(Information)

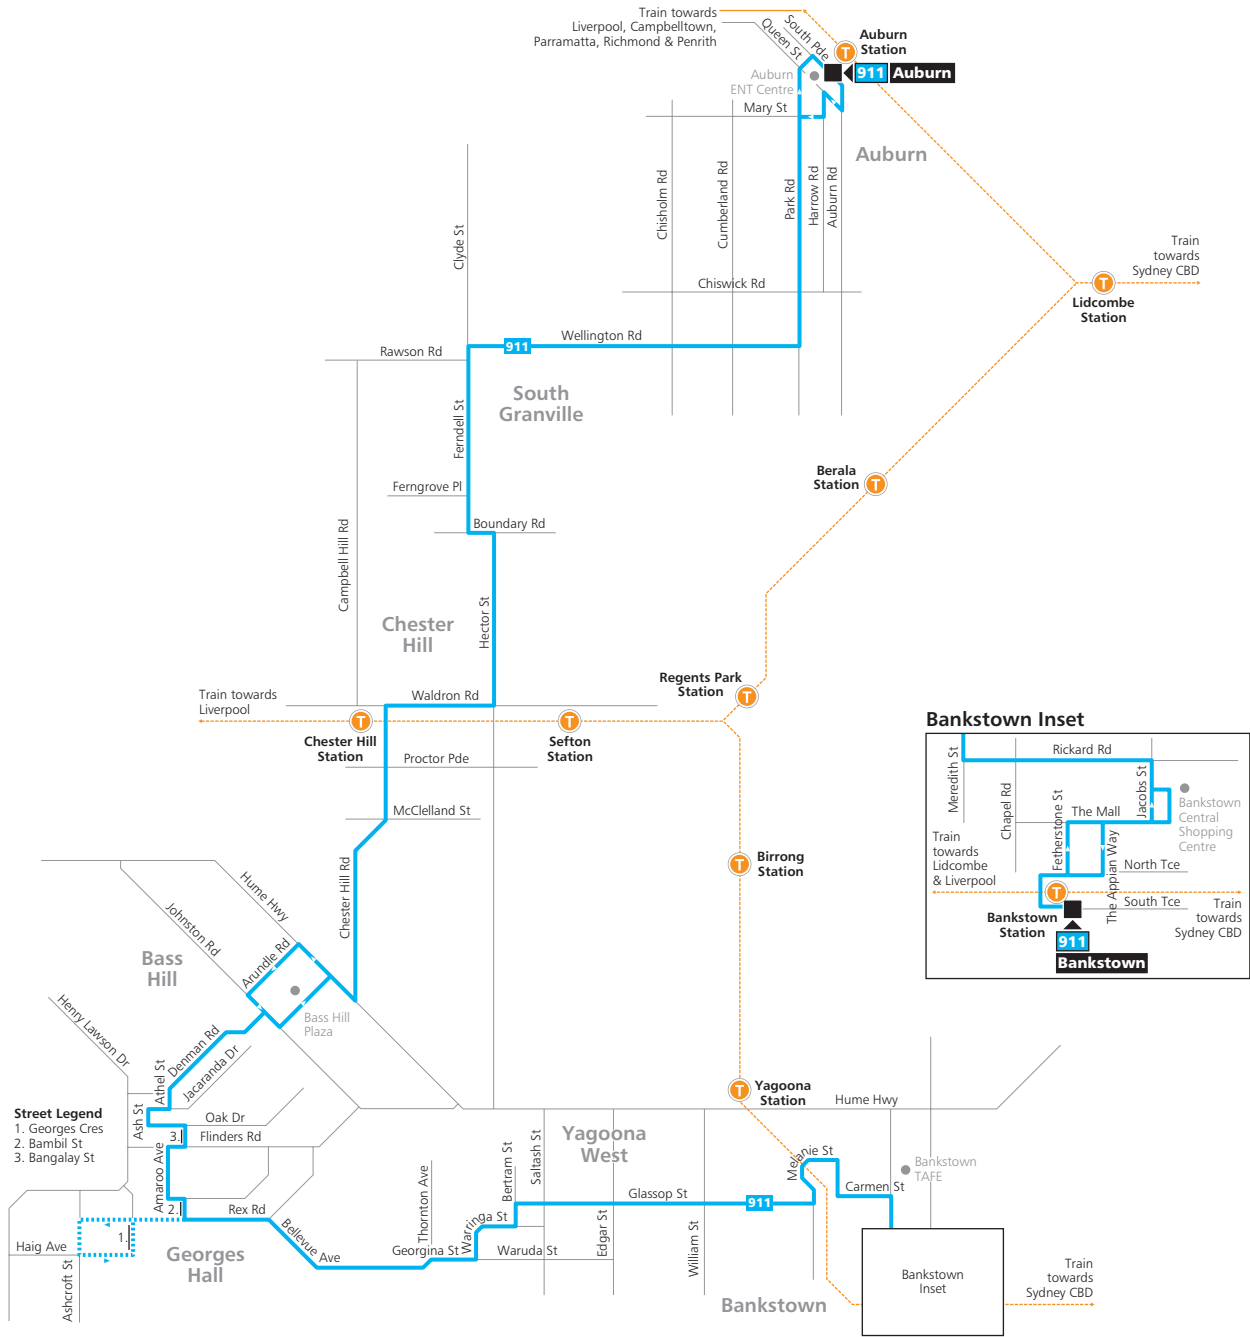

Route 911

- Street Legend**
1. Georges Cres
 2. Bambil St
 3. Bangalay St

- Legend**
- Bus route
 - 911 Bus route number
 - Train line/station
 - ... Limited service
 - Bus route start/finish

Diagrammatic Map
North
Not to Scale

(End Information)

● Task directions:
The required output is the line containing "2. Bambil St" through the last line of the records above, each copied exactly and nothing more.

● Result for this exercise:
 2. Bambil St
 3. Bangalay St

- Legend**
- Bus route
 - 911 Bus route number
 - Train line/station
 - ... Limited service
 - Bus route start/finish

Diagrammatic Map
North
Not to Scale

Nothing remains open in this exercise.